To evaluate the integrity of host cell plasma membranes in this system, saponin was added to the MDCK cells to selectively permeabilize the plasma membrane. In cells with intact plasma membranes, SYTOX green is excluded from cells, preventing nuclear staining, but when the plasma membrane is disrupted, SYTOX green enters the cell and stains the nucleus. Figure 2A demonstrates the exclusion of SYTOX green from intact MDCK cells but rapid nuclear staining after exposure to saponin (Fig. 2B). The nuclear morphology of the intact MDCK cells is stable for at least 8 h after permeabilization, unlike that of apoptotic cells. Also unlike the apoptotic cells, the mitochondria lose their electrical potential, as demonstrated by loss of MitoTracker staining (Fig. 2B).
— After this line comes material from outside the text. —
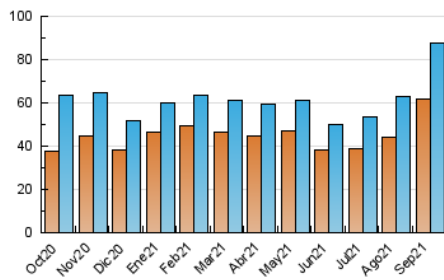

4.3 Per mesos

N. únics / Visites (x 1000)

The egress of merozoites from three meronts is shown over time in Fig. 3. It is clear that in less than 15 min after the parasites exit (Fig. 3A), the nucleus of the cell is strongly stained with SYTOX green, indicating that the cell has been permeabilized. Six minutes after egress, the mitochondrial staining has decreased by 41%, which suggests a loss of mitochondrial function. After 5 h, the nuclear morphology still appears normal even though the cell is dead, as indicated by the permanent loss of mitochondrial staining. Even at this late time point, the cell has not been extruded from the monolayer, as is commonly seen within 1 to 2 h after the induction of apoptosis. (The movie from which these images have been taken is available at http://homepage.mac.com/fitzrobert/PaperFigure.mov). These results suggest that C. parvum egress induces a defect in the host plasma membrane, followed by nonapoptotic cell death. These are consistent findings that have been documented in 12 parasite egress events during seven independent experiments.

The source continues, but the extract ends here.